Once we have a source to destination type index mapping for every type
source, there are no more data dependencies. We know which type records
are "unique" (not duplicates), and what their final type indices will
be. We can do the remapping in parallel, and accumulate type sizes and
type hashes in parallel by type source.
Lastly, TPI stream layout must be done serially. Accumulate all the type
records, sizes, and hashes, and add them to the PDB.
Differential Revision: https://reviews.llvm.org/D87805
This makes type merging much faster (-24% on chrome.dll) when multiple
threads are available, but it slightly increases the time to link (+10%)
when /threads:1 is passed. With only one more thread, the new type
merging is faster (-11%).

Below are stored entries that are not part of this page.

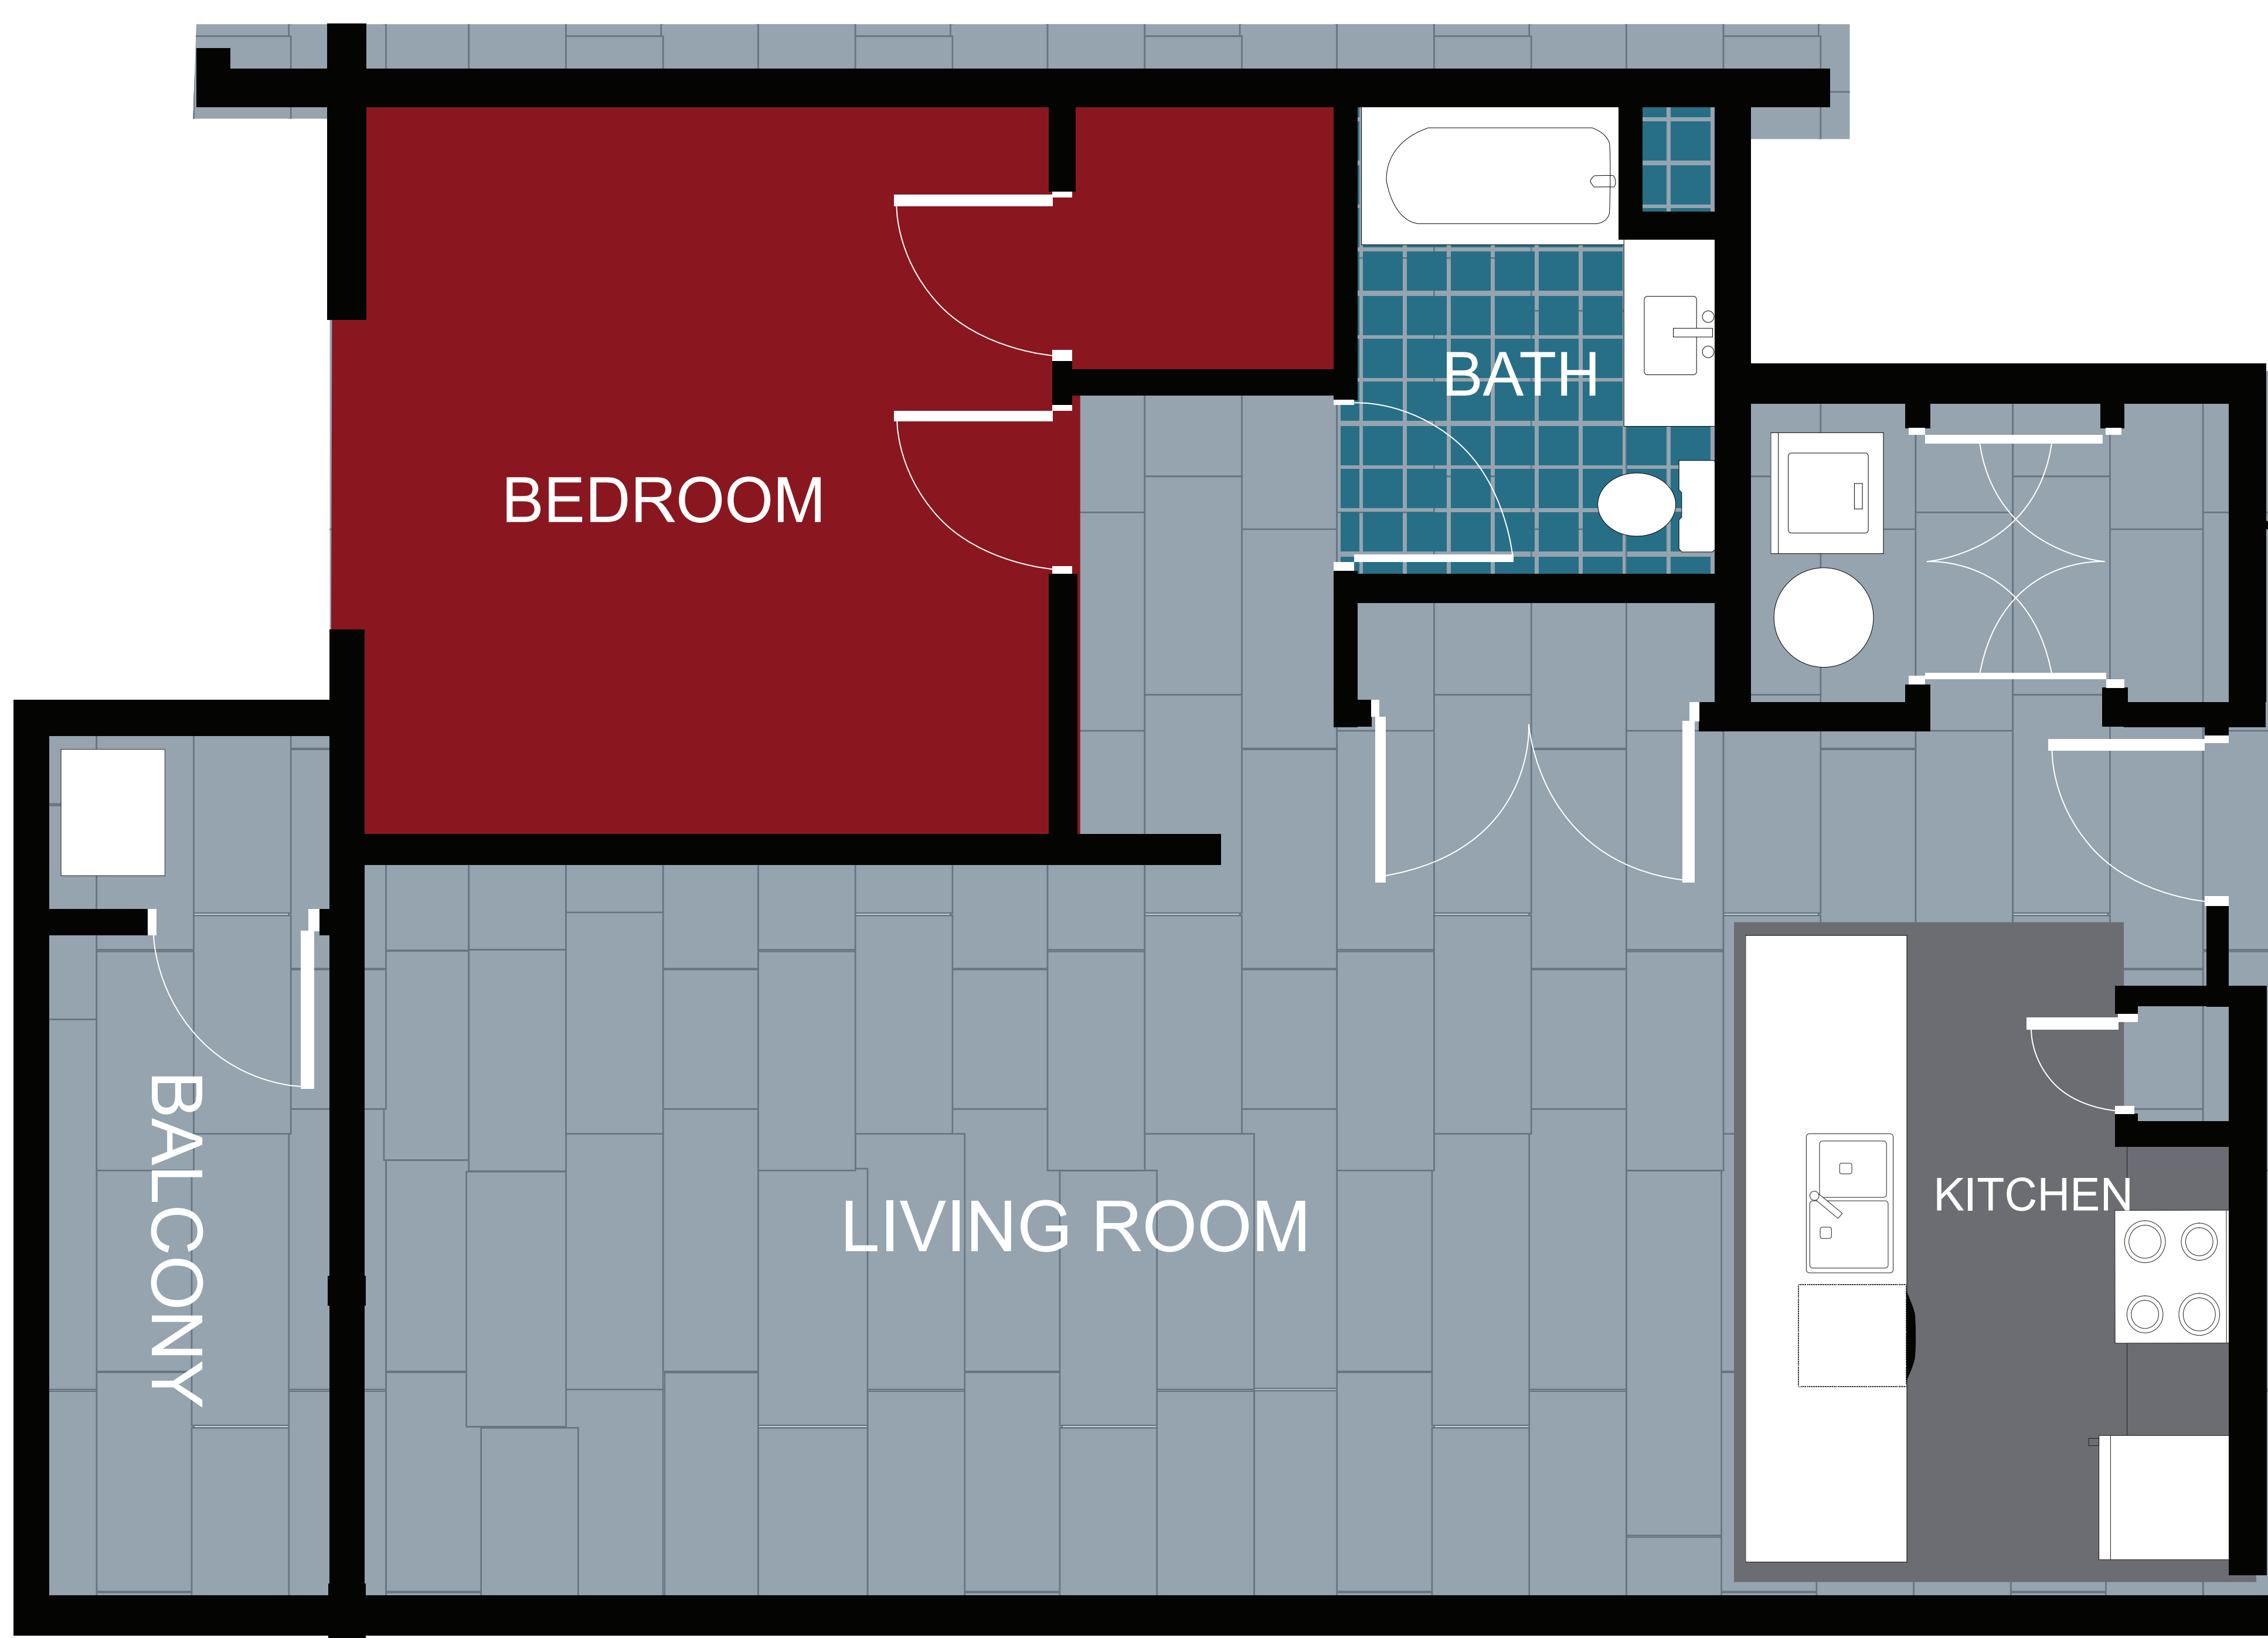

APT: 517

DIMENSIONS

- Bedroom
14x13
- Living Area
18x14
- Balcony
85sq.ft
- Total Area
1160sq.ft

DGM
MANAGEMENT

Station House Somerville
44 Veterans Memorial Drive
Somerville, NJ 08876
Phone: 908-879-2000
www.dgmpropertiesnj.com

The output PDB should be identical to what it
was before this change.
To give an idea, here is the /time output placed side by side:
BEFORE | AFTER
Input File Reading: 956 ms | 968 ms
Code Layout: 258 ms | 190 ms
Commit Output File: 6 ms | 7 ms
PDB Emission (Cumulative): 6691 ms | 4253 ms
Add Objects: 4341 ms | 2927 ms
Type Merging: 2814 ms | 1269 ms -55%!
Symbol Merging: 1509 ms | 1645 ms
Publics Stream Layout: 111 ms | 112 ms
TPI Stream Layout: 764 ms | 26 ms trivial
Commit to Disk: 1322 ms | 1036 ms -300ms
----------------------------------------- --------
Total Link Time: 8416 ms 5882 ms -30% overall
The main source of the additional overhead in the single-threaded case
is the need to iterate all .debug$T sections up front to check which
type records should go in the IPI stream. See fillIsItemIndexFromDebugT.

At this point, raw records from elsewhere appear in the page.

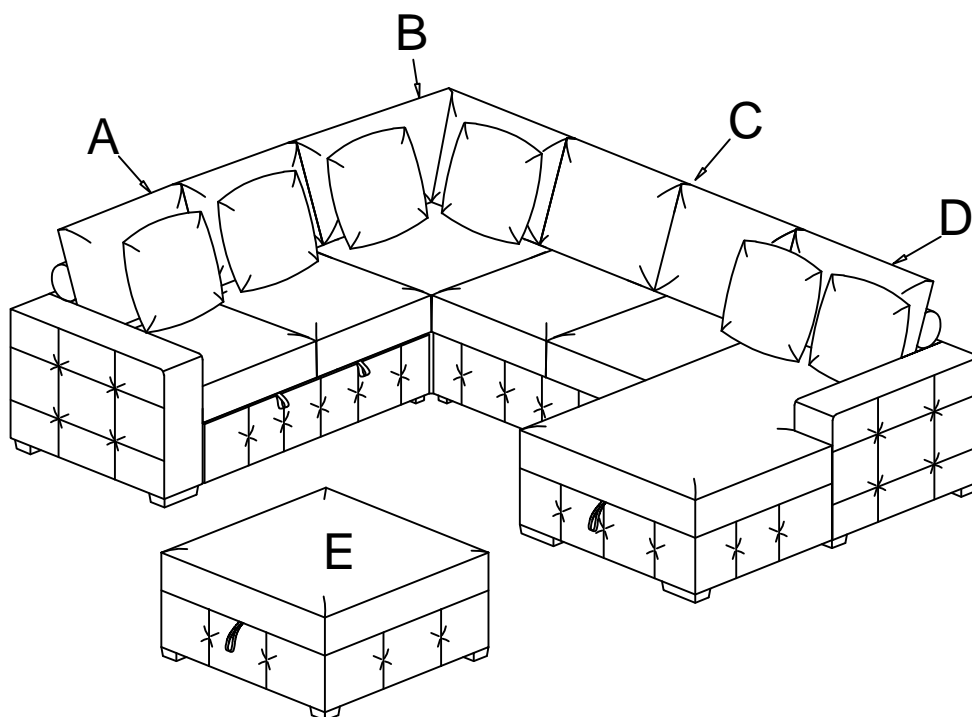

ASSEMBLY INSTRUCTION

ITEM NO: 9624GY-2L/9624BU-2L /9624TP-2L
 Left Side 2-Seater with Pull-out Bed

NO.	PARTS LIST	QTY	DESCRIPTION
A		1	SEAT FRAME
B		2	HEADREST
C		2	2-SEATER BACK CUSHION

STEP # 1:

STEP # 2:

°Wipe gently with a damp soft cloth to remove dust, dirt and any grime build up.

HOME ELEGANCE

ASSEMBLY INSTRUCTION

NO.	PARTS LIST	QTY	DESCRIPTION
A		1	9624GY-2L/9624BU-2L/9624TP-2L
B		1	9624GY-CR/9624BU-CR/9624TP-CR
C		1	9624GY-2A/9624BU-2A/9624TP-2A
D		1	9624GY-RC/9624BU-RC/9624TP-RC
E		1	9624GY-4/9624BU-4/9624TP-4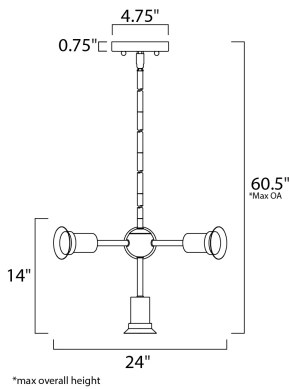

**MEASUREMENTS**

- DIMENSION : 24" L x 24" W x 14" H
- MAX OAH : 60.5" OAH
- CANOPY : 4.75" W x 0.75" H x 4.75" L
- HANGING WEIGHT : 2.98 lb

**LAMPING**

- INPUT VOLTAGE : 120V
- LUMENS : 660 Rated
- BULB : 4 x 3.5W LED E26 Medium G40 , 14W Total
- BULB INCLUDED : (Included)
- DIMMABLE : Yes
- COLOR\_TEMP : 2200K

With changes to the .debug$H section, we could pre-calculate this info
and eliminate the need to do this walk up front. That should restore
single-threaded performance back to what it was before this change.
This change will cause LLD to be much more parallel than it used to, and
for users who do multiple links in parallel, it could regress
performance. However, when the user is only doing one link, it's a huge
improvement. In the future, we can use NT worker threads to avoid
oversaturating the machine with work, but for now, this is such an
improvement for the single-link use case that I think we should land
this as is.
Algorithm
----------
Before this change, we essentially used a
DenseMap<GloballyHashedType, TypeIndex> to check if a type has already
been seen, and if it hasn't been seen, insert it now and use the next
available type index for it in the destination type stream. DenseMap
does not support concurrent insertion, and even if it did, the linker
must be deterministic: it cannot produce different PDBs by using
different numbers of threads. The output type stream must be in the same
order regardless of the order of hash table insertions.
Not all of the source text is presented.